▶ Problem
Across the whole listing, filter for the string "control" and copy every line that has it.

▶ Extracted data
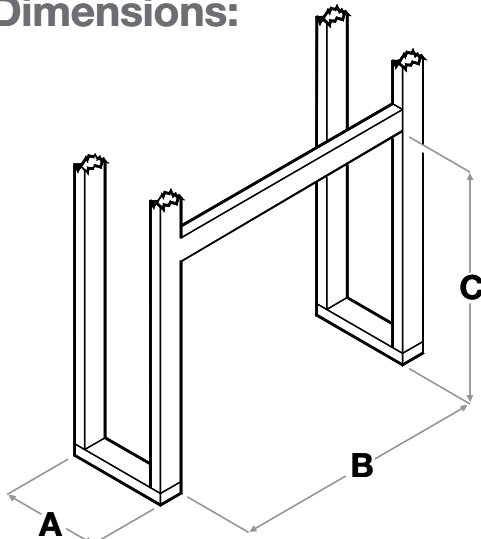

#### Accessories

**BFGLASS39BLK**  
- Single pane, tamperproof glass door  
Dimensions:  
35-5/8" W x 22-1/4" H x 1/2" D  
(90.5 cm x 56.5 cm x 1.4 cm)

**BFSDOOR39BLK**  
- Glass swing doors with black accents  
Dimensions:  
35-1/2" W x 22-3/8" H x 1-3/4" D  
(90.0 cm x 56.7 cm x 4.3 cm)

**BFRC-KIT**  
- 3-stage remote control kit

**WRCPF-KIT**  
- Wall switch remote control

**BFDOOR39BLKSM**  
- Single pane, bi-fold look glass door kit  
Dimensions:  
35-5/8" W x 22-1/2" H x 1-3/4" D  
(90.4 cm x 57.2 cm x 4.3 cm)

**BF4TRIM39**  
- 4 piece black decorative raised profile trim  
Dimensions:  
42-1/4" W x 33-3/4" H x 1-1/4" D  
(107.2 cm x 85.8 cm x 3.3 cm)

**BFPLUGE**  
- Plug kit

**TS521W**  
- Wall thermostat - white

### Framing Dimensions:

A	B	C
16" (40.5 cm)	39" (99.1 cm)	32-7/8" (83.6 cm)
D	E	F
54" (137.2 cm)	38" (96.5 cm)	38" (96.5 cm)
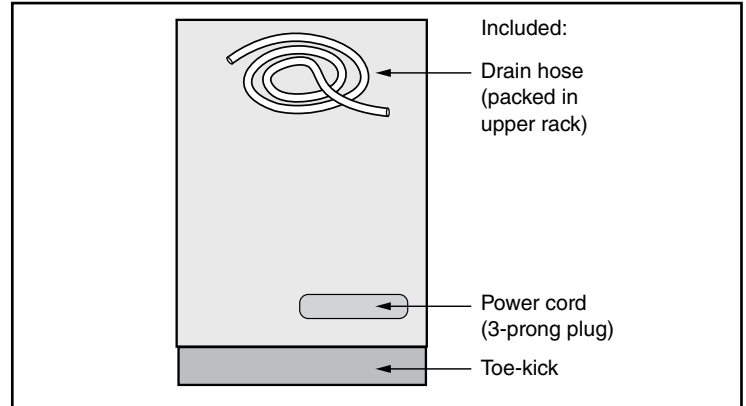

24" Recessed Handle Dishwasher

100 Series – Stainless Steel SHE3AR75UC

BOSCH

Invented for life

Installation Details

Accessories: To purchase Bosch accessories, cleaners & parts please visit www.bosch-home.com/us/store or call 1-800-944-2904 (Mon to Fri 5 am to 6 pm PST, Sat 6 am to 3 pm PST).

Notes: All height, width and depth dimensions are shown in inches. BSH reserves the absolute and unrestricted right to change product materials and specifications, at any time, without notice. Consult the product's installation instructions for final dimensional data and other details prior to making cutout.

▶ Result for this task
- 3-stage remote control kit
- Wall switch remote control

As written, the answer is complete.